The very first civilization, or state society, evolved just east of the Levant in the river valley of the Tigris and Euphrates Rivers south of the Zagros Mountains. (You know… IRAQ!) Over the next 2000 years, agriculture spread from the Levant. It spread eastward down the river valleys of the Tigris and Euphrates of today’s Iraq and to the Indus Valley in Pakistan. It spread south to the Nile Valley of Egypt. It spread north into Turkey and Southern Europe and into Greece. Civilizations all across the Middle East flourished.
However, somewhere between 2000 and 1200 BCE, these civilizations descended into chaos. They left us with grand monuments (Sumer, Egypt, Minoan) and a great mystery to ponder…What happened?

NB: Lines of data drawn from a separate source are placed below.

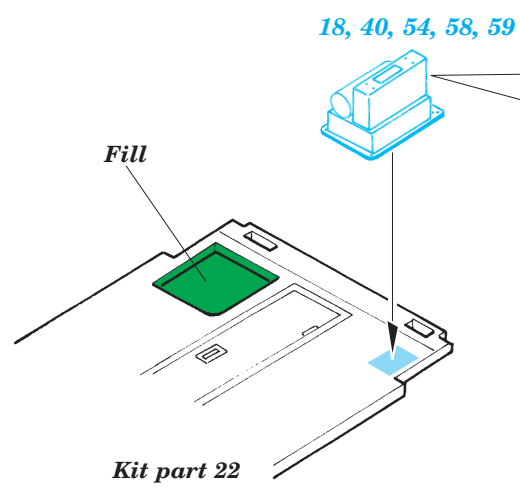

# B-17G Flying Fortress mid section interior

eduard

49 361

1/48 scale detail set for Revell/Monogram kit • sada detailů pro model 1/48 Revell/Monogram

- ★ APPLY EXPRESS MASK AND PAINT BEFORE GLUING  
POUŽIT EXPRESS MASK NABARVIT PŘED SLEPENÍM
- ☾ SYMMETRICAL ASSEMBLY  
SYMETRICKÁ MONTÁŽ
- ✂ REMOVE  
ODSTRANIT
- 🔪 GRIND  
OBROUSIT
- 🔧 DRILL HOLE  
VRTAT OTVOR
- ↩ BEND  
OHNOUT
- ❓ OPTION  
VOLBA
- 🔄 REPLACE  
NAHRADIT

ORIGINAL KIT PARTS  
PŮVODNÍ DÍLY STAVEBNICE

PHOTO-ETCHED PARTS  
LEPTANÉ DÍLY

PARTS TO BE REMOVED  
DÍLY K ODSTRANĚNÍ

FILL  
TMELIT

Kit part 22

Kit part 22

Kit part 19

Kit part 19

D

D

5 sets D

Kit part 56

D

References:  
Squadron/Signal No.5516 Walk Around B-17 Flying Fortress  
AeroDetail No.19 Boeing B-17G Flying Fortress

Guess what…. the global climate changed!
Except for the global warming that happened 10,000 years ago, the climate changes of the last 8000 years have been times of global cooling, not warming. However, what you need to know is this. For modern humans, it does not much matter whether the global temperature is going up or going down.
What matters is that it is changing!
Why? It’s because both global warming and global cooling change where it rains and we humans put our civilizations where it rains.
And why is that? Simple put, it is because we build our civilizations where people can be fed. And guess what - the plants we eat and the plants we feed to the animals we eat need water to grow!!!!! And just enough water, not too much and not too little! Putting it another way…..
It’s Agriculture!!!!
Very interesting and very true! Ecosystems we depend on are defined by the weather patters. If the rain moves and the city doesn't how will we have to compensate? More pipes, trucks, and canals or will cities like Las Vegas become ghost towns?
ReplyDeleteHmmm, good question. Today we can live anywhere because we have most of our food "shipped" in by trucks etc. Most of the first civilzations could not do this and founded their cities next to rivers (posts to come). However the farms where our food comes from still require rain/water or they will have nothihg to ship to us in the city.